Evaluation: Refer to VBench benchmarks.

One-Page Summary (One-Page Overview)

InfinityStar: Unified spacetime autoregressive model supporting T2I, T2V, I2V, V2V. Architecture: Spacetime pyramid, inherited tokenizer, stochastic depth. Performance: VBench 83.74, 10x faster than diffusion. Training: Two-stage scripts. Inference: 720p/480p scripts, interactive support. Examples: Anime, motion videos.
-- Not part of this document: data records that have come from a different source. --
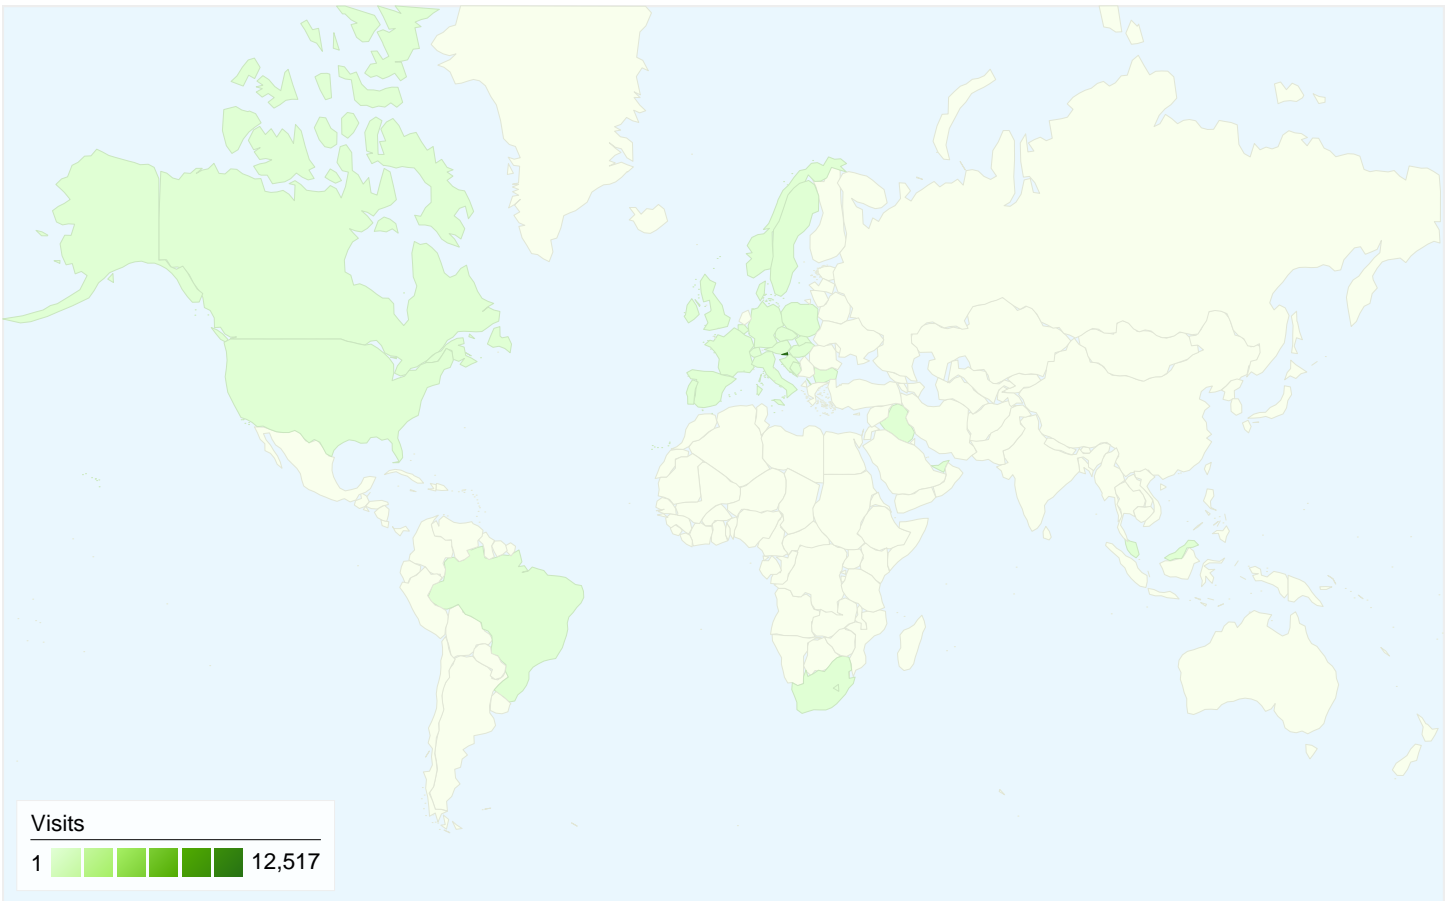

Visitors
11,081

Map Overlay world

Traffic Sources Overview

- **Search Engines**
11,430.00 (89.21%)
- **Referring Sites**
1,056.00 (8.24%)
- **Direct Traffic**
327.00 (2.55%)

Content Overview

Pages	Pageviews	% Pageviews
/kclj-poliklinika-ljubljana/	1,778	7.13%
/porodnisnica-ljubljana/	1,629	6.53%
/	1,518	6.09%
/tag/dermatoloska-klinika-	1,156	4.64%
/infekcijska-klinika-oz-klinika-	827	3.32%

All traffic sources sent a total of 12,813 visits

 2.55% Direct Traffic

 8.24% Referring Sites

 89.21% Search Engines

- Search Engines
11,430.00 (89.21%)
- Referring Sites
1,056.00 (8.24%)
- Direct Traffic
327.00 (2.55%)

Top Traffic Sources

Sources	Visits	% visits	Keywords	Visits	% visits
google (organic)	8,896	69.43%	porodnišnica ljubljana	1,056	9.24%
najdi (organic)	2,483	19.38%	poliklinika	899	7.87%
odmevi.zdravstvena.info	654	5.10%	dermatološka klinika	534	4.67%
(direct) ((none))	327	2.55%	infekcijska klinika	474	4.15%
zdravstvena.info (referral)	156	1.22%	očesna klinika	382	3.34%

12,813 visits came from 33 countries/territories

Site Usage

Visits	Pages/Visit	Avg. Time on Site	% New Visits	Bounce Rate	
12,813 % of Site Total: 100.00%	1.95 Site Avg: 1.95 (0.00%)	00:01:19 Site Avg: 00:01:19 (0.00%)	73.06% Site Avg: 73.04% (0.03%)	61.41% Site Avg: 61.41% (0.00%)	
Country/Territory	Visits	Pages/Visit	Avg. Time on Site	% New Visits	Bounce Rate
Slovenia	12,517	1.94	00:01:19	73.00%	61.44%
Croatia	53	2.66	00:02:21	81.13%	52.83%
Germany	31	2.06	00:01:41	67.74%	58.06%
United Kingdom	30	1.73	00:00:52	86.67%	53.33%
Switzerland	20	2.35	00:01:33	65.00%	60.00%
Serbia	20	3.85	00:02:22	85.00%	50.00%
Austria	17	1.53	00:01:15	64.71%	76.47%
United States	16	1.06	00:00:04	68.75%	93.75%
France	15	1.33	00:00:11	80.00%	73.33%
Belgium	13	1.38	00:00:12	46.15%	69.23%

Frequently Asked Questions (FAQ)

What generation tasks does InfinityStar support?
It supports text-to-image, text-to-video, image-to-video, and video extrapolation.
How does the tokenizer improve reconstruction?
Through knowledge inheritance from continuous video tokenizers and stochastic quantizer depth.
What is InfinityStar’s inference speed advantage?
It generates 5s 720p videos 10 times faster than diffusion models.
What environment is needed for training?
torch>=2.5.1 and packages from requirements.txt.
How to generate long interactive videos?
Use infer_interact_480p.py with a reference video and multiple prompts.
How does spacetime pyramid work?
It decomposes videos into clip pyramids, predicting autoregressively across scales.
What is InfinityStar’s benchmark score?
VBench 83.74, surpassing HunyuanVideo.
What resolutions and durations are supported?
720p at 5s, 480p at 5-10s, with potential for infinite extensions.